Thermodynamics Question: An Exothermic Reaction in an Adiabatic Process

[nikdandeker]

hi!

Just gave a chem obj. type exam recently. I am confused about one question on thermodynamics.was hopin some1 could throw light on this problem.

the question goes hence-
An exothermic reaction takes place in an adiabatic process.what will happen to the temp of the system?
A)the temp will increase
B)the temp will decrease
C)it will remain constant.
D)any of the above.

so now i wrote d answer as D.but the correct answer it seems was given as "A".

my thought process behind it was that- the exothermic reaction "injects" a FIXED amount of energy into d system.now since an Adiabatic process is taking place, we start with internal energy = "injected" energy plus d amount of internal energy that d system already possessd bfore d commencement of d reaction.

now since an adiabatic process is taking place, work may be done on d expense of internal energy.if the work done(BY THE SYSTEM) is equal to the energy given by the reaction, the internal energy(and hence the temperature) will remain as it was bfore.now on the other hand, had the SYSTEM done work greater than that given by the reaction, some amount of the INITIAL internal energy would have gotten used up.and hence, the temperature of the system would have decreased.lastly, had no work been done, or had d SURROUNDINGS done work on d system, d temp would have increased.

can pls any1 comment on whether my logic is correct? or is A the correct answer?

any help would be sincerely appreciated

Thanking u
Nikhil

 

[vanesch]

hi!

Just gave a chem obj. type exam recently.

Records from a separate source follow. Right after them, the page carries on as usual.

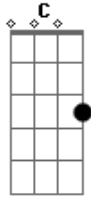

© ukulele-chords.com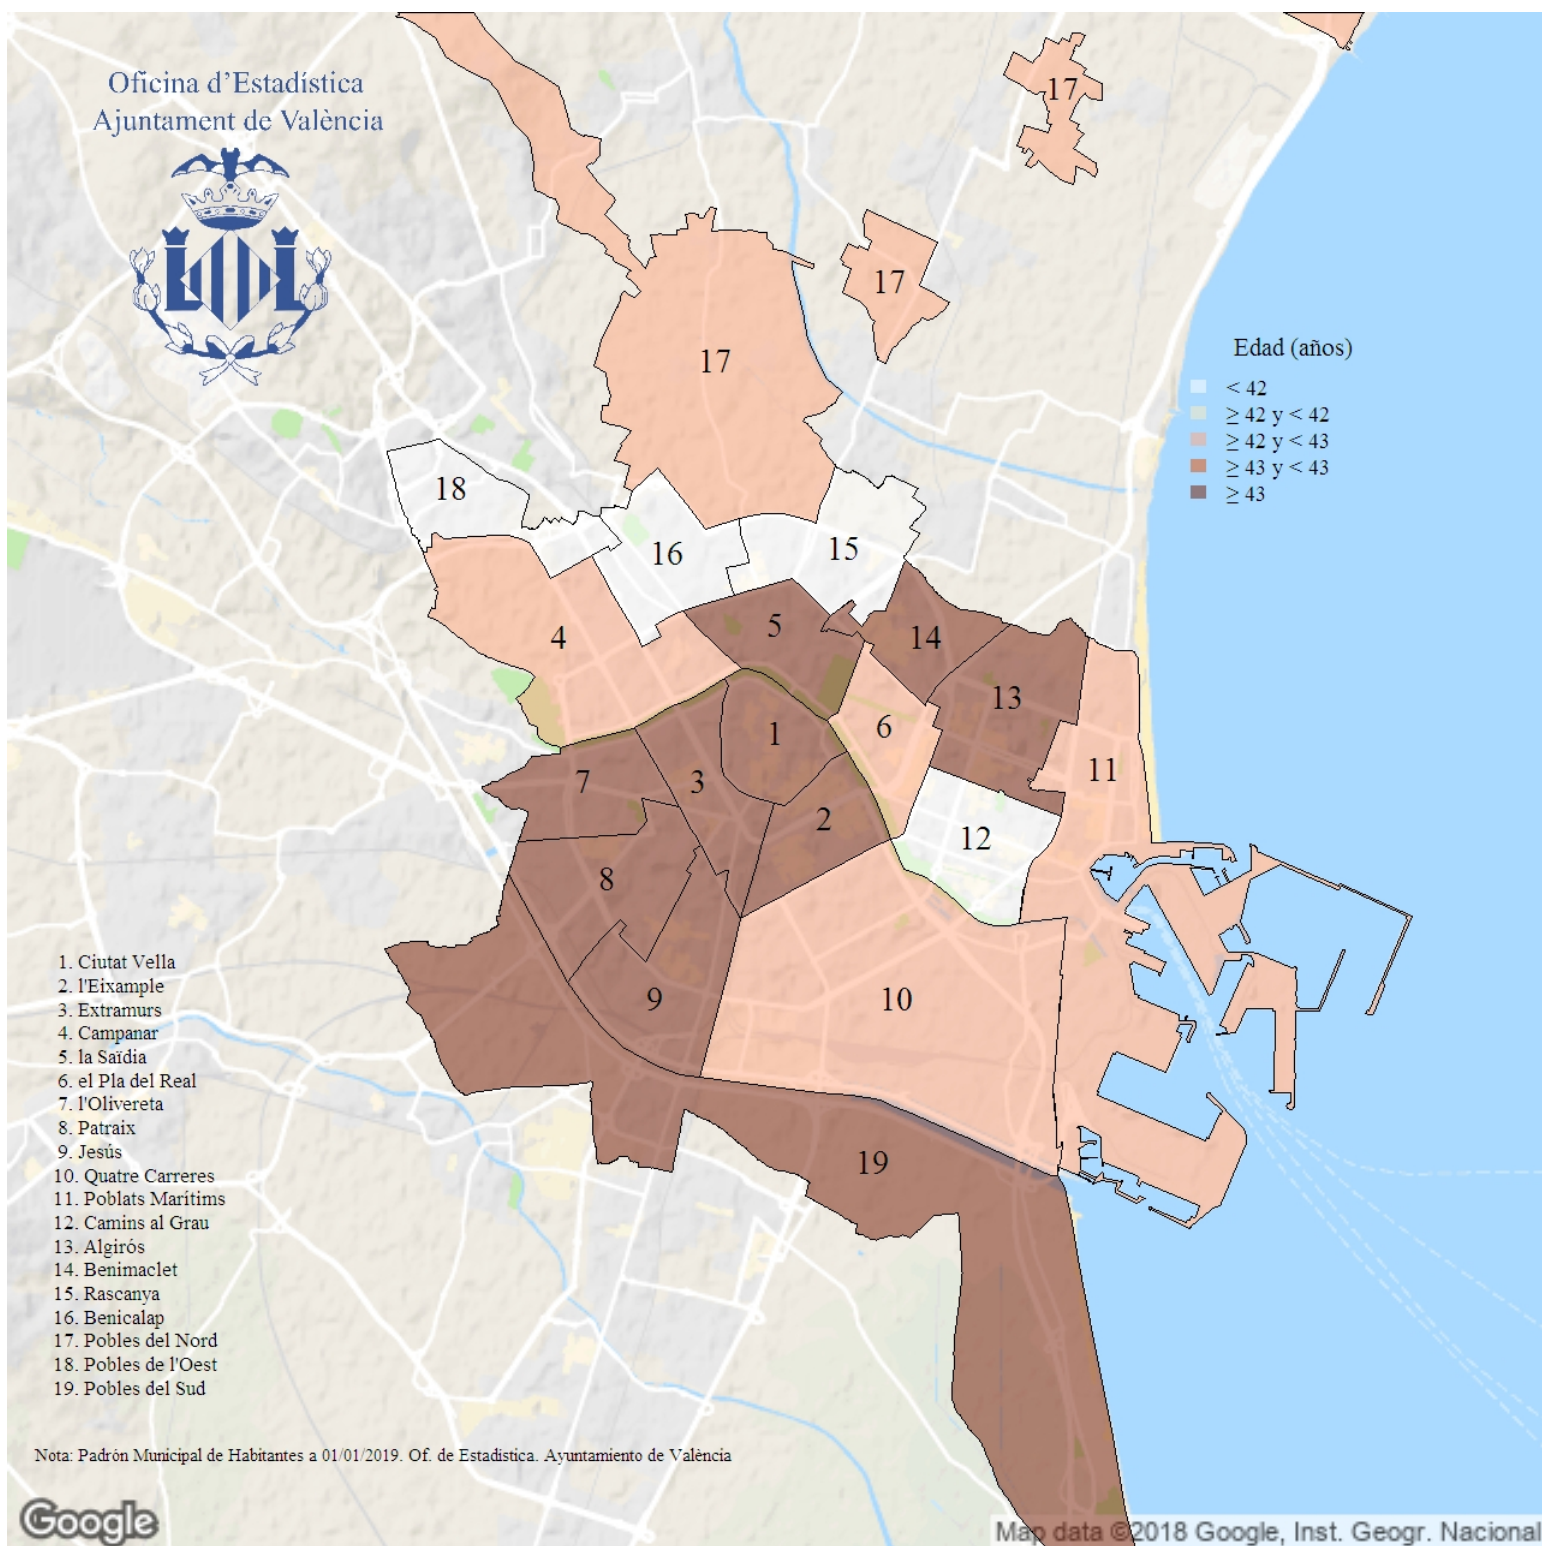

# Edad media de los varones. 2019

**Indicador:** Edad media de los varones

**Definición y forma de cálculo:** Media aritmética de las edades de los varones residentes en la ciudad a 1 de enero del año de referencia.

**Fuente:** Padrón Municipal de Habitantes a 1 de enero de cada año. Ayuntamiento de València.

**Periodicidad:** Anual

**Unidades:** Expresado en años

**Observaciones:** Estadístico descriptivo que resume la distribución de edades observadas en la población masculina residente de la ciudad. La parte entera de la edad se ha calculado como la diferencia entre el año de referencia y el año de nacimiento. La parte decimal se ha calculado como el número de días transcurridos hasta el mes y día de nacimiento dividido por el número de días del año de referencia. Los datos ofrecidos provienen de la explotación estadística del fichero del Padrón Municipal de Habitantes del Ayuntamiento de València.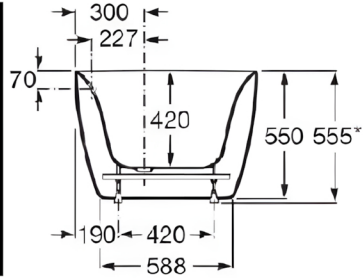

Descrizione	Vasca da bagno in acrilico di colore bianco.
Colore	Cromo
Codice fornitore	
Codice catalogo	
Peso	-

MODEL	BELLA
SIZES	170*80&160*75
material	acrylic
included	Drain&FEET

*installation height

LO PRESTI
casa arredò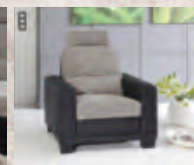

rozkládací funkce, 5.999,- zásuvka, 2.899,-

křeslo za příplatek

XXXL VÝBĚR LÁTEK

cantus

44.537,-\*

**27.999,-**

1) SEDACÍ SOUPRAVA

cantus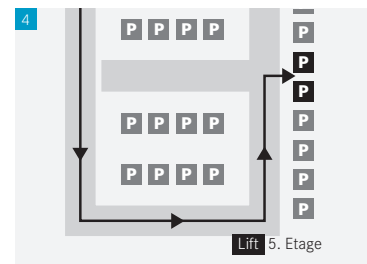

SO FINDEN SIE UNS IN BERN

reflecta ag
Zieglerstrasse 29
Postfach 530
CH-3000 Bern 14
T +41 31 387 37 97
F +41 31 387 37 99

info@reflecta.ch
www.reflecta.ch

Standorte in
Bern und Zürich

1 MIT DEM TRAM

- Ab Hauptbahnhof mit Tram Nr. 3 Richtung Weissenbühl bis Haltestelle «Kocherpark» oder «Hasler».
- Ab Hauptbahnhof mit Tram Nr. 6 Richtung Fischermätteli bis Haltestelle «Kocherpark».
- Ab Hauptbahnhof mit Tram Nr. 7 Richtung Bümpliz bis Haltestelle «Kocherpark».
- Ab Hauptbahnhof mit Tram Nr. 8 Richtung Brünnen Westside bis Haltestelle «Kocherpark».

1 2 3 MIT DEM AUTO

- Verlassen Sie die A1 bei der Autobahnausfahrt Bern-Forsthaus und folgen Sie dem Wegweiser «Inselspital» auf der Murtenstrasse.
- Sie passieren die Ortseinfahrt von Bern.
- Bleiben Sie auf der Murtenstrasse und folgen dem Strassenverlauf.
- Verlassen Sie die Murtenstrasse und biegen rechts in die Zieglerstrasse (Wegweiser Richtung Interlaken) ein. Folgen Sie dem Strassenverlauf.
- Verlassen Sie die Zieglerstrasse und biegen links in die Haslerstrasse ein. Folgen Sie dem Strassenverlauf, der Eingang zur Tiefgarage befindet sich auf der rechten Seite der Strasse, Nr. 21. Um die Einfahrt besser passieren zu können, fahren Sie an der Einfahrt vorbei und nehmen die zweite Abbiegung links und fahren um den Block.

4 TIEFGARAGE

Fahren Sie in das 2. UG und biegen einmal links ab. Die 2 Parkplätze Nr. 7 und 8 der reflecta ag und advokatur56 befinden sich auf der rechten Seite. Nutzen Sie die Lifte auf der Seite der Ein-/Ausfahrt.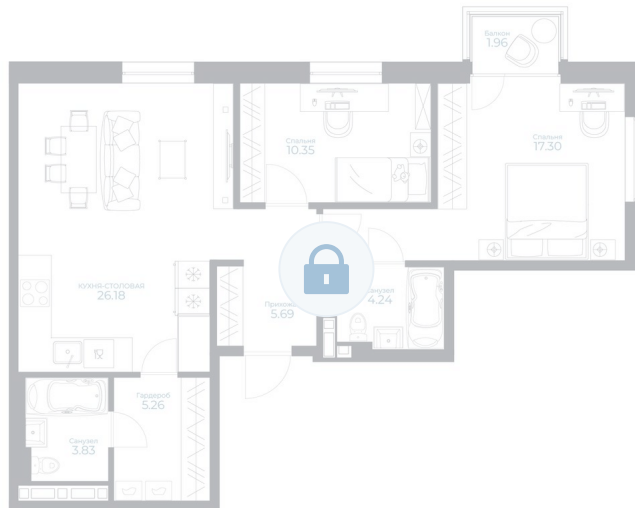

Номер: 284

2 комнатная 73.43 м²

Отсканируйте QR-код и
смотрите на сайте
kaskada-dom.ru

Цена по запросу

Черновая отделка

Корпус	Секция 3	Этаж	20
Секция	1	Сдача	4 кв. 2028

31.05.2026 02:14 (Мск)

Не является публичной офертой, цена может быть скорректирована.
Информация взята с сайта «kaskada-dom.ru».

На этаже 20

2 комнатная 73.43 м²

3 парадная

План типовых 2-4, 10-12, 18-20 этажа

31.05.2026 02:14 (Мск)

Не является публичной офертой, цена может быть скорректирована.
Информация взята с сайта «kaskada-dom.ru».

На генплане Секция 3

2 комнатная 73.43 м²

31.05.2026 02:14 (Мск)

Не является публичной офертой, цена может быть скорректирована.
Информация взята с сайта «kaskada-dom.ru».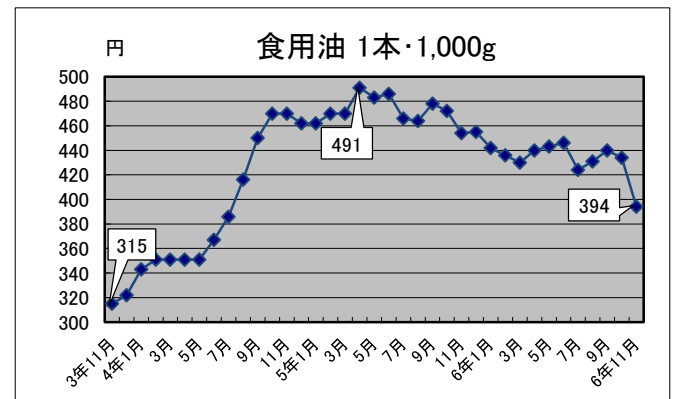

—生活関連商品価格動向—

(令和3年11月～令和6年11月)

資料：総務省統計局「小売物価統計調査」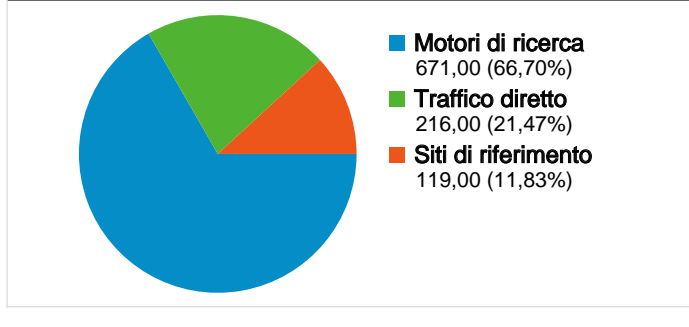

Uso del sito

1.006 Visite

53,38% Frequenza di rimbalzo

3.833 Pagine visualizzate

00:01:57 Tempo medio sul sito

3,81 Pagine/Visita

51,99% % visite nuove

Overlay carta geografica IT

Panoramica visitatori

Overlay carta geografica world

Panoramica sulle sorgenti di traffico

Visite di tutti i visitatori

Questo Paese/zona ha generato 987 visite provenienti da 115 città

Usò del sito

Visite	Pagine/Visita	Tempo medio sul sito	% visite nuove	Frequenza di rimbalzo	
987 % del totale del sito: 98,11%	3,84 Media sito: 3,81 (0,68%)	00:01:57 Media sito: 00:01:57 (0,76%)	51,37% Media sito: 51,99% (-1,19%)	53,29% Media sito: 53,38% (-0,16%)	
Città	Visite	Pagine/Visita	Tempo medio sul sito	% visite nuove	Frequenza di rimbalzo
Florence	342	4,61	00:02:51	21,64%	44,74%
Milan	103	3,72	00:01:33	58,25%	67,96%
Rome	87	2,40	00:01:30	71,26%	62,07%
Arezzo	63	4,65	00:02:38	38,10%	42,86%
(not set)	38	3,50	00:01:31	71,05%	52,63%
Scandicci	33	4,70	00:01:44	18,18%	51,52%
San Giuliano Terme	20	3,10	00:00:54	45,00%	55,00%
Lucca	18	6,06	00:03:47	50,00%	27,78%
Pisa	17	1,94	00:00:33	82,35%	58,82%
Palermo	13	5,69	00:04:17	76,92%	23,08%

1 - 10 di 14

603 utenti hanno visitato questo sito

 **1.006** Visite

 **603** Visitatori unici assoluti

 **3.833** Pagine visualizzate

 **3,81** Media pagine visualizzate

 **00:01:57** Tempo sul sito

 **53,38%** Frequenza di rimbalzo

I am confused about one question on thermodynamics.was hopin some1 could throw light on this problem.

the question goes hence-
An exothermic reaction takes place in an adiabatic process.what will happen to the temp of the system?
A)the temp will increase
B)the temp will decrease
C)it will remain constant.
D)any of the above.

so now i wrote d answer as D.but the correct answer it seems was given as "A".

my thought process behind it was that- the exothermic reaction "injects" a FIXED amount of energy into d system.now since an Adiabatic process is taking place, we start with internal energy = "injected" energy plus d amount of internal energy that d system already possessd bfore d commencement of d reaction.

now since an adiabatic process is taking place, work may be done on d expense of internal energy.if the work done(BY THE SYSTEM) is equal to the energy given by the reaction, the internal energy(and hence the temperature) will remain as it was bfore.now on the other hand, had the SYSTEM done work greater than that given by the reaction, some amount of the INITIAL internal energy would have gotten used up.and hence, the temperature of the system would have decreased.lastly, had no work been done, or had d SURROUNDINGS done work on d system, d temp would have increased.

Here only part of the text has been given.